Regularly receiving and sending feedback, polls and ideas in an organisation can in developing new strategies, creating enhanced products and services and much more.

5. Encourage Cross-Departmental Communication

Cross-departmental communication is essential if the company would like its employees to learn from each other. Organising sessions or special meetings between different departments to communicate, collaborate and share insights are an effective way to achieve this.

6. Maintain Transparency

Transparency is more than just a company policy; it is an organisational mentality. Transparency is a crucial internal communication practice, which promotes trust, responsibility and open dialogue within any organisation. Clearly, not all information can be made available to everyone at all times. Nevertheless, maintaining some transparency about what directly affects an employee’s effort at work can have a huge effect on harmony and rapport within the organisation.

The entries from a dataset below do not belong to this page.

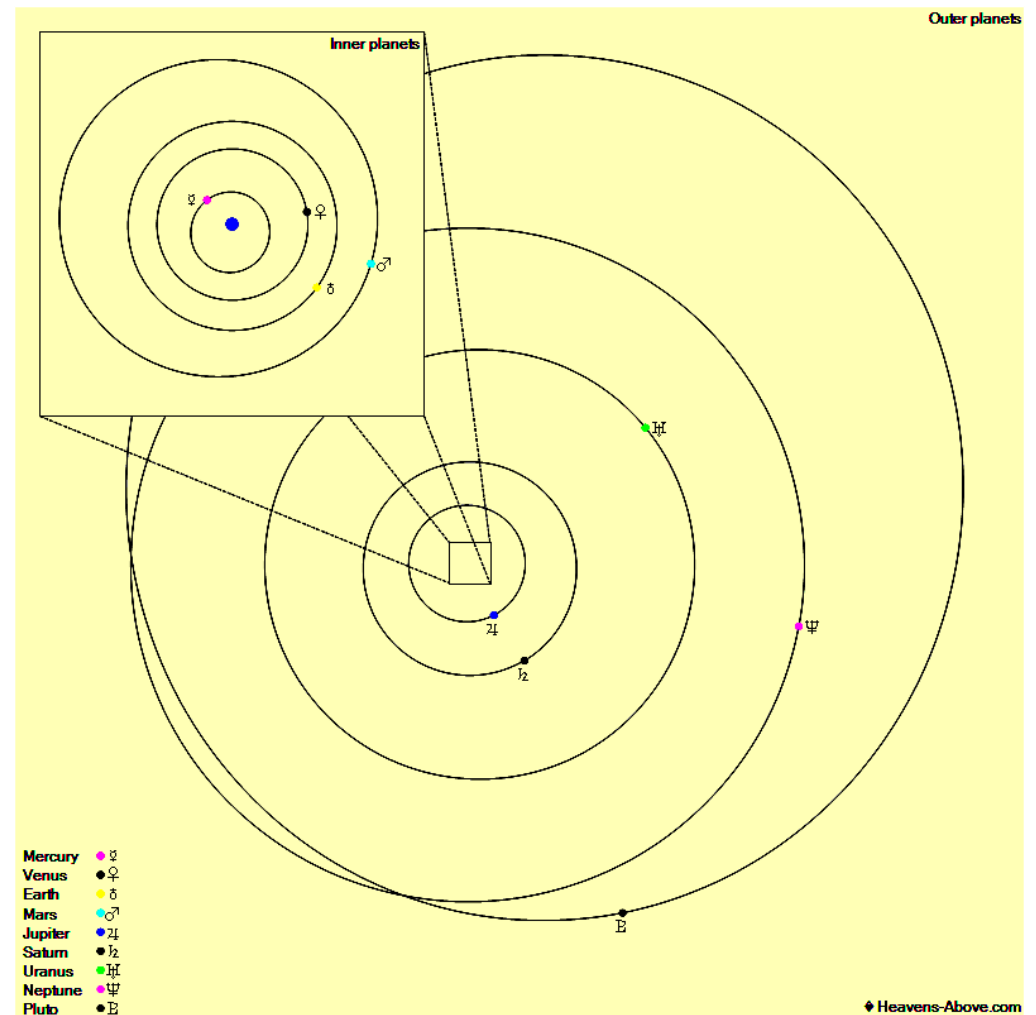

The Planets, mid month.

Mercury is in Leo with a magnitude of -1.9, a phase of 100%, and a diameter of 5". It rises at 04:28, transits at 12:03, and sets at 19:36. It is currently too close to the Sun to be observed.

Venus is in Gemini with a magnitude of -4.3, a phase of 52%, and a diameter of 23". It rises at 01:02, transits at 08:59, and sets at 16:57. It is visible in the morning sky.

Mars is in Pisces with a magnitude of -1.4, a phase of 89%, and a diameter of 17". It transits at 04:03, sets at 10:34, and rises again at 21:29. It is visible in the morning sky.

Jupiter is in Sagittarius with a magnitude of -2.6 and a diameter of 46". It sets at 01:45, rises again at 17:53, and transits at 21:47. It is well placed for observation throughout the night.

Saturn is in Sagittarius with a magnitude of +0.2 and a diameter of 18". It sets at 02:30, rises again at 18:18, and transits at 22:22. It is well placed for observation throughout the night.

Uranus is in Aries with a magnitude of +5.7 and a diameter of 4". It transits at 05:03, sets at 12:24, and rises again at 21:37. It is visible in the morning sky.

Neptune is in Aquarius with a magnitude of +7.8 and a diameter of 2". It transits at 01:55, sets at 07:33, and rises again at 20:14. It is well placed for observation throughout the night.
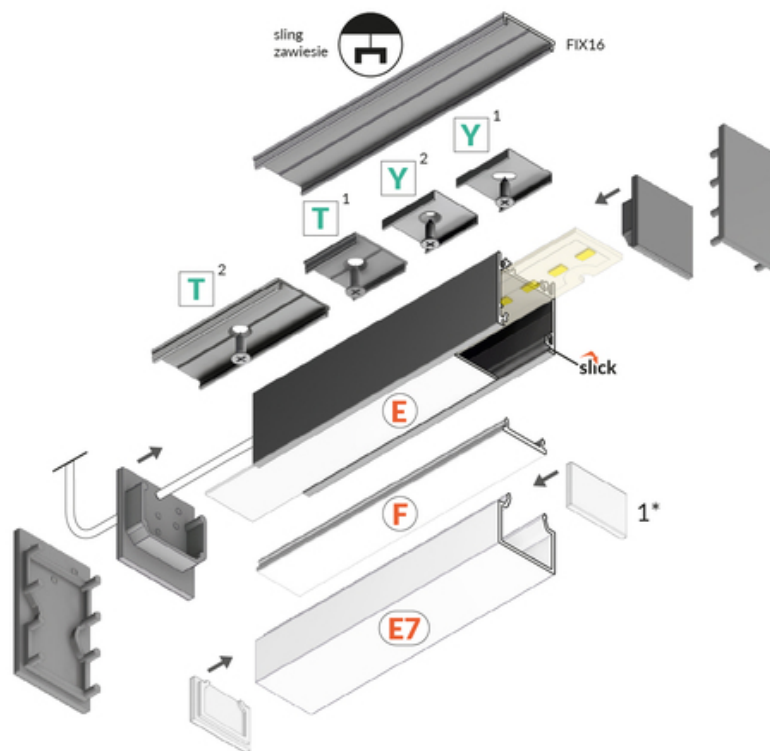

1*
end cap E7
zaslepka E7

TOPMET LIGHT KŁOSOWICZ WIŚNIEWSKI sp. z o.o.

Ostrowska 354 | 61-312 Poznań | POLAND

tel.: +48 61 872 75 00

info@topmet.pl

pdf card generation date: 10.03.2025
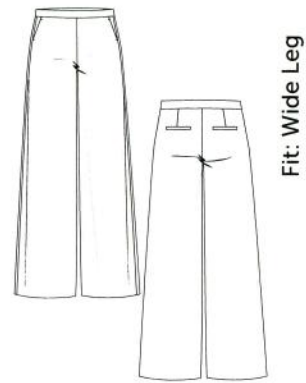

Elaine 7/8

Style: 299378
Price: 052139056.54
LH/FW/SL: 25/53/70

Col.: 82 lightblue graphical

Article: 3019 Graphical Jersey Jacquard

56% Viscose
41% Polyamide
3% Elastane

exclusive

RAFFAELLO
ROSSI

Fit: Wide Leg

7. Avoid Communication Overload

Regular and consistent communication is essential and the internal communication department should aim to keep messages simple, short and to the point. In short, the goal should always be to send the right information, to the right people, at the right time.

8. Share Industry News, Trends and Insights

Employees are valued contributors to the industry. All staff, regardless of rank, should be constantly updated with the latest industry news. By keeping employees involved in the bigger picture, they are reminded that their efforts are part of something bigger than their own area of work. This can be an excellent motivator.

9. Use Internal Communication for Rewards and Recognition

Consistent recognition and rewards for employees makes all staff members feel that their contributions are valued and appreciated which maximise overall organisational productivity and growth.

10. Share Employee Knowledge and Resources

A strong internal communication plan should include a consistent way of communicating the benefits and resources available to employees. This can include information on a variety of things, from policies, procedures, employee benefit, training and career development.